A 6 kg grinding wheel of radius 0.2 m rotates at a constant rotational frequency of 4 rad/s when an object makes contact with the outer edge of the wheel. Friction causes the wheel to stop in 2 seconds. What is the average torque on the wheel by the frictional force?
To find the average torque on the wheel by the frictional force, we can use the following formula:
τ = I * α
Where τ is the torque, I is the moment of inertia, and α is the angular acceleration.
First, let's calculate the moment of inertia (I) of the wheel. The moment of inertia of a solid disk rotating about its central axis is given by the formula:
I = (1/2) * m * r^2
Where m is the mass of the wheel and r is its radius.

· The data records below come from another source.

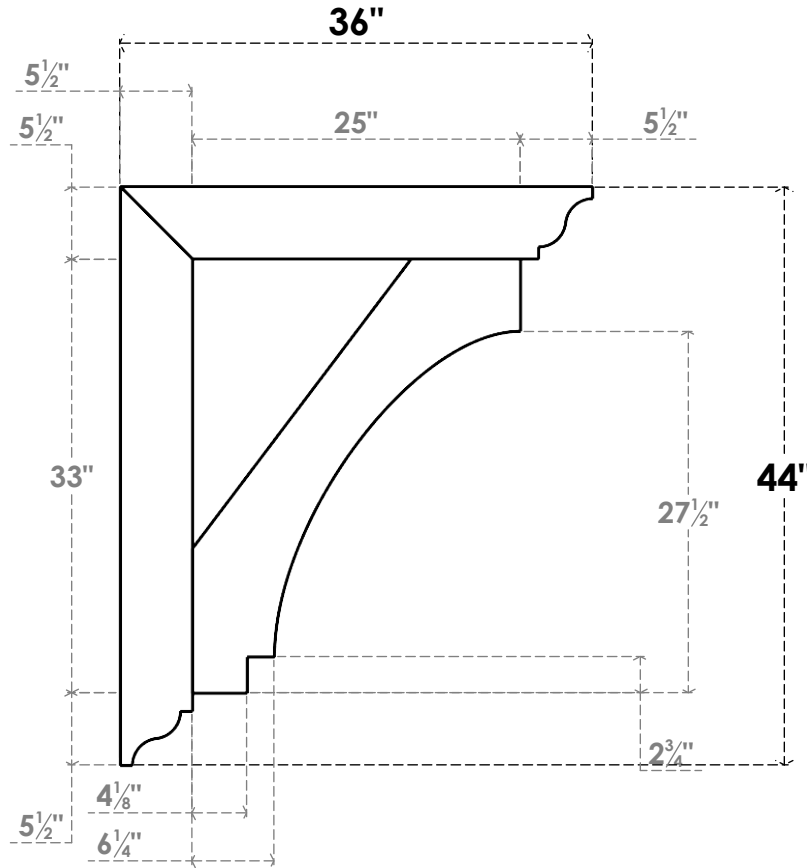

ITEM NUMBER: BKTUROS055X055X36000X44000X055X055X055IMP00RCPR

5 1/2"W X 36"D X 44"H X 5 1/2"T IMPERIAL ROUGH CEDAR WOODGRAIN OPEN BRACKET, TRADITIONAL TOP AND BACK, 5 1/2"W SOLID BRACE, PRIMED TAN

SIDE PROFILE

FRONT PROFILE

ISOMETRIC

GENERATED DATE : 06/18/2023

EKENA MILLWORK
2300 WEST MAIN ST.
CLARKSVILLE, TX 75426
TOLL FREE: 866-607-0453
WWW.EKENAMILLWORK.COM

NOTES

1. INSTALLATION TO BE COMPLETED IN ACCORDANCE WITH MANUFACTURER'S SPECIFICATIONS.
2. DRAWING MAY NOT BE TO SCALE
3. THIS DRAWING IS INTENDED FOR DESIGN AND PLANNING PURPOSES ONLY.
4. ALL INFORMATION CONTAINED HEREIN WAS CURRENT AT THE TIME OF DEVELOPMENT BUT MUST BE REVIEWED AND APPROVED BY THE PRODUCT MANUFACTURER TO BE CONSIDERED ACCURATE.
5. TIMBERTHANE ARCHITECTURAL PRODUCTS ARE MADE FROM HIGH DENSITY URETHANE AND COME FACTORY PRIMED

Substituting the given values into the formula, we get:
I = (1/2) * (6 kg) * (0.2 m)^2 = 0.12 kg·m^2
Next, let's calculate the angular acceleration (α) of the wheel. Since the wheel stops rotating in 2 seconds, the final angular velocity (ωf) is 0 rad/s. We can use the following kinematic equation to find the angular acceleration:
ωf = ωi + α * t
Where ωi is the initial angular velocity, α is the angular acceleration, and t is the time.
Since the initial angular velocity (ωi) is given as 4 rad/s, we can solve for α:
0 rad/s = 4 rad/s + α * 2 s
Rearranging the equation, we get:
α * 2 s = -4 rad/s
α = -2 rad/s^2
Now that we have the mass of inertia (I) and the angular acceleration (α), we can calculate the torque (τ):
τ = I * α
τ = 0.12 kg·m^2 * (-2 rad/s^2) = -0.24 N·m
Therefore, the average torque on the wheel by the frictional force is -0.24 N·m. The negative sign indicates that the torque is in the opposite direction to the initial rotation of the wheel.